──────── SUPPLIED MATERIAL ────────

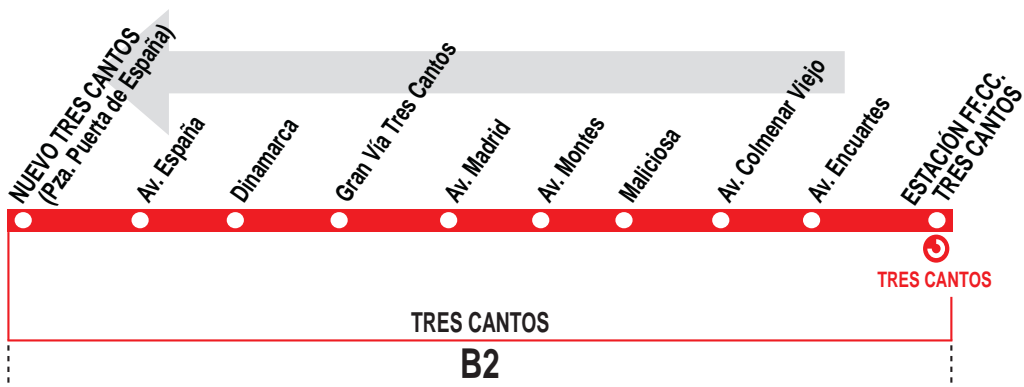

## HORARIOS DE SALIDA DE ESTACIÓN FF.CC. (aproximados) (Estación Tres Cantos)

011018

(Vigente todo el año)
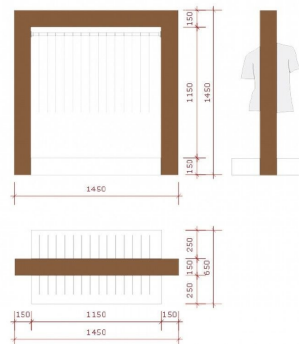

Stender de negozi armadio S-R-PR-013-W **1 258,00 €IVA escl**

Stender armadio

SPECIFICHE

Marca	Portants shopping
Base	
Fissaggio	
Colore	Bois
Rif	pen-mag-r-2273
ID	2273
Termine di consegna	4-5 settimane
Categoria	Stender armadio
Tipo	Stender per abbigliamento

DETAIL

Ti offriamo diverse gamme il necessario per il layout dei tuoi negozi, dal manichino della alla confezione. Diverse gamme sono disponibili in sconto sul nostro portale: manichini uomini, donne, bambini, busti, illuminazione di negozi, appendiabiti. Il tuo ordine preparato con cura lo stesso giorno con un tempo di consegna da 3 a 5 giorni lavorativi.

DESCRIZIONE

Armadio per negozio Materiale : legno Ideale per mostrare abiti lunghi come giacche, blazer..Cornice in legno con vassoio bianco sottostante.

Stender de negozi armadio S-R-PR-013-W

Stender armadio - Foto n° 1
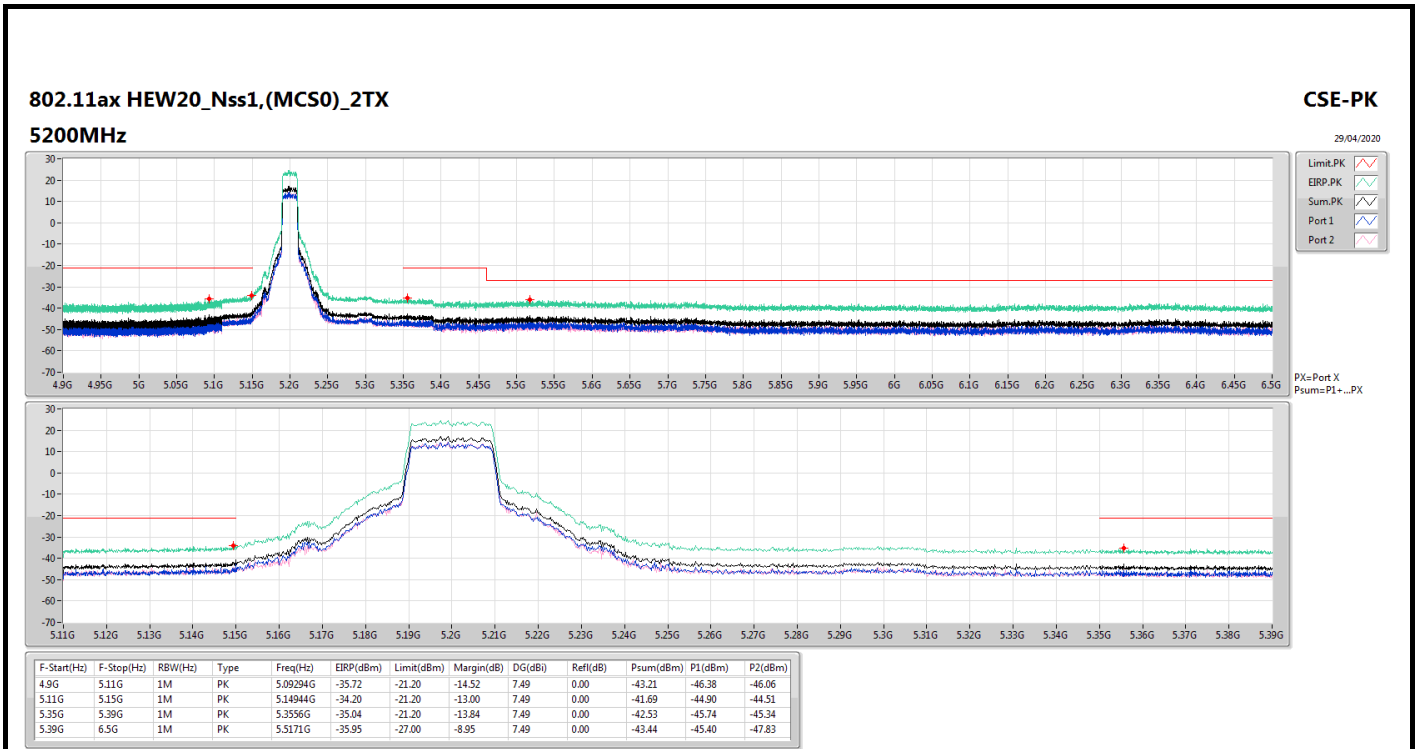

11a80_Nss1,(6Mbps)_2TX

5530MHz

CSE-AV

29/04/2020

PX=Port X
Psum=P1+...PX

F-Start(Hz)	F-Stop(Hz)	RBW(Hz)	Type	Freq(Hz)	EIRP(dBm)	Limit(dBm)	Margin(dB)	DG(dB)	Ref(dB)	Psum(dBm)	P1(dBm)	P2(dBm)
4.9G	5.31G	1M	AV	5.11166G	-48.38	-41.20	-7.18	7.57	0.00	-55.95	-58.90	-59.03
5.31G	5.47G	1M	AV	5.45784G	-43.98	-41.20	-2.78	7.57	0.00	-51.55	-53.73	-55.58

────────
──────── SUPPLIED MATERIAL ────────

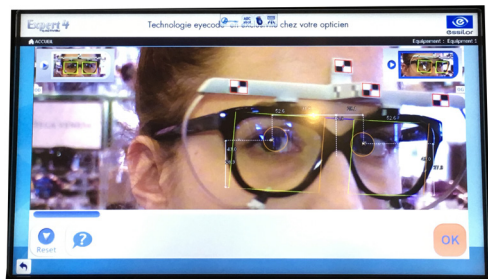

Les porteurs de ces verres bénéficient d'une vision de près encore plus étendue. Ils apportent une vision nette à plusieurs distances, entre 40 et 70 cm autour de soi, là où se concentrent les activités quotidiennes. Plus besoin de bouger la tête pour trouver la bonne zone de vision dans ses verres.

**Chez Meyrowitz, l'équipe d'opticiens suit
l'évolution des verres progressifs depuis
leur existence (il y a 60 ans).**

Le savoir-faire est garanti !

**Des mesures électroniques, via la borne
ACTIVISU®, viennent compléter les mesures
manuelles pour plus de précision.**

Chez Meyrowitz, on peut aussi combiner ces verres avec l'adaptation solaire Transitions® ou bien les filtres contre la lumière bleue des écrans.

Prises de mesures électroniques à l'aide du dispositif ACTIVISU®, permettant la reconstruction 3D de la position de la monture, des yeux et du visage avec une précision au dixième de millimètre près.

────────

▶ **TASK DESCRIPTION**
List the lines of the entries that include "mesures".

▶ **EXERCISE SOLUTION**
**Des mesures électroniques, via la borne
ACTIVISU®, viennent compléter les mesures
Prises de mesures électroniques à l'aide du dispositif ACTIVISU®, permettant la reconstruction 3D de la position de la monture, des yeux et du visage avec une précision au dixième de millimètre près.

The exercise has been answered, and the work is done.